Is there a binary classifier?

Hello. I’ve used OTB quite a few times using LargeScaleMeanShift along with TrainVectorClassifier and Vector Classifier Tools.

When I have done this previously I have created outputs with multiple different land cover types.

However now I am looking into carrying out a classification whereby I only need to output one class.

I was wondering in order to save time with creating training data whether there is an option where I only need the input of the class I am interested in and then only that class will be identified (without requiring training for the other landcover classes).

Is there some kind of binary classifier or other option where I can do this?


If I understand well, you want to create a mask (one versus all) to identify one specific land cover. But you would like to use a pre-trained multi-class classifier and filter the right class, is that right ?

Depending on the data you use (optical images ? which bands ?) and the class you want to detect, you would better train a new model to obtain that mask.

Otherwise, you could also filter the output of your multi-class mask, but I think working on a simpler and more robuste “one-versus-all” classifier would give better results.

OTB provides very classic supervised learning algorithms and they can perform either multi-class or single-class classification tasks.

Do not hesitate to give more context !

Best regards,


Hello Yannick. I’m basically trying to map areas of a specific type of vegetation using Sentinel 2 imagery. Previously I have carried out land cover classifications whereby I have identified all the different land cover types in my area of interest and classified all of them.
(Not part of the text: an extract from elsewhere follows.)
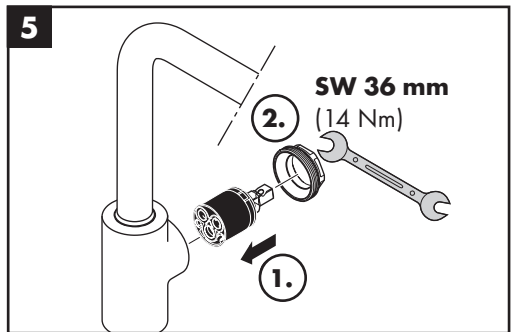

M2

Ersetzt
compatible with

M3

Warmwasserbegrenzung / Limiteur d'eau chaude / Hot water limiter / Limitatore di acqua calda / Limitación del agua caliente / Warmwaterbegrenzing / Varmvandsbegrensning / Limitador de água quente / Ogranicznik ciepłej wody / Omezení teplé vody / Obmedzenie teplej vody / 热水限制 / Ограничение расхода горячей воды / Melegvíz-korlátozás / Kuumanveden rajoitin / Varmvattenreglering / Karšto vandens ribotuvas / Limiter vruće vode / Sıcak su sınırlaması / Limitator pentru apă caldă / Διάταξη περιορισμού ζεστού νερού / Omejitiev tople vode / Kuuma vee piiraja / Karstā ūdens ierobežotājs / Ograničavač vruće vode / Varmtvannsbegrensning / Ограничител за топлата вода / Kufizimi i ujit të ngrohtë / محدد الماء الساخن / 高温リミッター

I now have a requirement whereby I only need to map one land cover type. My idea to save time was to see if there is an algorithm that will accept only one training class as input and then will separate that class out from the rest of the image. The reason for this is I thought I could save time with creating training samples for one class only rather than include the other classes.

Is there an algorithm that does this?

Sorry for the delay…
Basically most machine learning classification algorithms can discriminate one or several classes, so you could adapt your pipeline by only learning your specific class and the background (all the other former classes).
But I’m not sure it’s the best solution, because sometimes it can be very tricky for a classifier to distinguish a very specific class (let’s say, evergreen forest) from all the other classes (let’s say shrublands+wet lands+grass+water+urban areas…). If you do so, I bet there will be many confusions between evergreen forest class and the other vegetation classes.
So if your first classification performs well, maybe you would better filter and extract the specific class from your land-cover map, instead of learning a new model.
If your specific class has a very distinctive spectral response (for instance, water versus main land has a very specific reflectance in Near Infrared bands), then you can try to train a single class classifier.

Hope that helps ! Best regards,


Thanks for the clarification. I think I will stick to the usual way of doing it.